一方で、Football365が指摘するように、キャリックの15試合は「欧州戦もカップ戦もなかった」という極めて恵まれた条件下の成果だ。エデルソンら新戦力が来季の過密日程でどう機能するか、その答えが出るまではキャリック戦術の真価を評価することは難しい。
数字で読む
- 移籍費用:エデルソン獲得の報道額は約3880万ポンド(約78億円相当)。プレミアリーグのミッドフィールダーとしては中程度の市場評価であり、アトレティコが撤退した現状ではユナイテッドに価格交渉の余地もある
- シェイ・チャールズの評価額:25億円相当(25Mポンド)とされる
- キャリック体制の戦績:15試合10勝。勝率66.7%という数字はプレミアリーグのトップクラスに相当する
- xG過-実パフォーマンス:Football365の指摘によれば、ユナイテッドはキャリック体制下でxGを+6.94上回るパフォーマンスを記録しており、これはプレミアリーグ最高値。持続可能性には疑問符がつく
- 順位変動:7位→3位へ浮上(15試合)
xG乖離の数字は特に注目すべきだ。+6.94という数値は、実際の内容以上に結果が良すぎることを示しており、これだけのポジ偏差が来季も続く根拠はない。補強の質が安定した成績の維持に直結する。
編集部の見解
エデルソン獲得は正しい判断だが、それだけでは不十分だ。カゼミーロ退団後の中盤の空洞化は深刻であり、1人のミッドフィールダー補強でチャンピオンズリーグを戦い抜ける陣容にはなりえない。INEOSはチャンピオンシップ選手への関心も示しているが、来季から欧州の舞台で戦う以上、即戦力性と経験値を兼ね備えた複数補強が不可欠だ。

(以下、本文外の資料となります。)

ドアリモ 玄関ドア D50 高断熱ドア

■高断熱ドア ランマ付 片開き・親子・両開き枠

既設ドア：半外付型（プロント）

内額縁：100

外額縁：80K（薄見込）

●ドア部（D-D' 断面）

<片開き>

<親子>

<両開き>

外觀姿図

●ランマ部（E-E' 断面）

また、キャリックへの正式な長期契約提示については、現時点では時期尚早と言い切る。Football365が指摘する「欧州・カップ戦なしの半シーズン」という条件を無視してはならない。彼が本当にユナイテッドを率いられる監督かどうかは、来季の過密スケジュールを経て初めて判断できる。INEOSが「実績」ではなく「感情的な親しみやすさ」でキャリックを選ぶなら、それはクラブの長期戦略において最大のリスクになる。補強の成否以前に、指揮官としてのキャリック自身が最大の未知数であることを忘れてはならない。
今後の注目点
最も近い焦点は、エデルソン移籍の最終合意の発表タイミングだ。アタランタとの交渉は進んでいるものの、ファブリツィオ・ロマーノが指摘するように「ユナイテッド側の最終ゴーサイン」がまだ出ていない段階であり、土壇場での方針転換の可能性も残る。夏の移籍ウィンドウは8月末まで開いており、エデルソンが「最初の一手」であれば、その後に続く中盤補強の動き(シェイ・チャールズやベン・ネルソンほか)が浮上してくるはずだ。

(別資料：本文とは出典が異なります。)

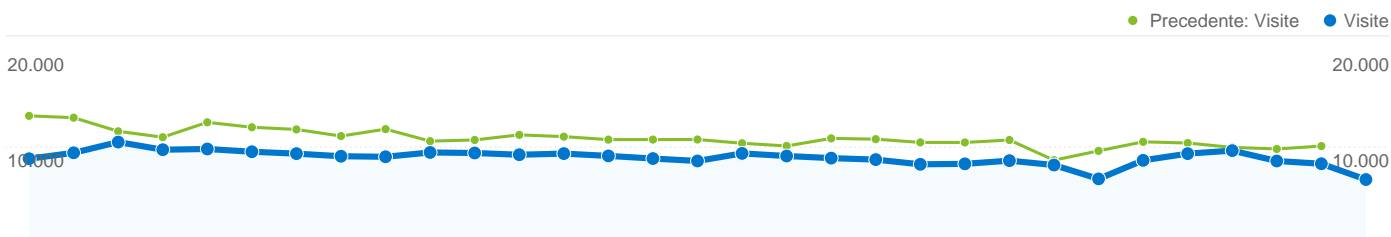

Complessivamente, le pagine di questo sito sono state visualizzate 805.657 volte

805.657 Pagine visualizzate
 Precedente: 956.471 (-15,77%)

580.259 Visualizzazioni uniche
 Precedente: 687.199 (-15,56%)

50,22% Frequenza di rimbalzo
 Precedente: 50,22% (0,01%)

Sezioni principali

Pagine	Pagine visualizzate	% pagine visualizzate
/		
01/nov/07 - 30/nov/07	367.243	38,40%
01/dic/07 - 31/dic/07	311.248	38,63%
% cambio	-15,25%	-15,25%
/index.php?page=Ottenere_Ubuntu		
01/nov/07 - 30/nov/07	137.878	14,42%
01/dic/07 - 31/dic/07	110.133	13,67%
% cambio	-20,12%	-20,12%
/index.php?page=download		
01/nov/07 - 30/nov/07	100.384	10,50%
01/dic/07 - 31/dic/07	81.268	10,09%
% cambio	-19,04%	-19,04%
/index.php?page=desktop		
01/nov/07 - 30/nov/07	50.961	5,33%
01/dic/07 - 31/dic/07	43.788	5,44%
% cambio	-14,08%	-14,08%
/index.php?page=kubuntu		
01/nov/07 - 30/nov/07	35.737	3,74%
01/dic/07 - 31/dic/07	26.860	3,33%
% cambio	-24,84%	-24,84%

また、ユナイテッドの「負の遺産」となったアモリム時代の選手たち——ソースで「flop」と表現された選手——の処遇も今夏の焦点となる。スカッドをスリム化し、新顔のために賃金枠と登録枠を確保する作業は、補強と表裏一体で進められるはずだ。キャリックが新シーズン開幕前のプレシーズンでどのシステムを試すか、そしてそのシステムに新加入選手がどうフィットするかが、来季のユナイテッドを占ううえで最初の判断材料となる。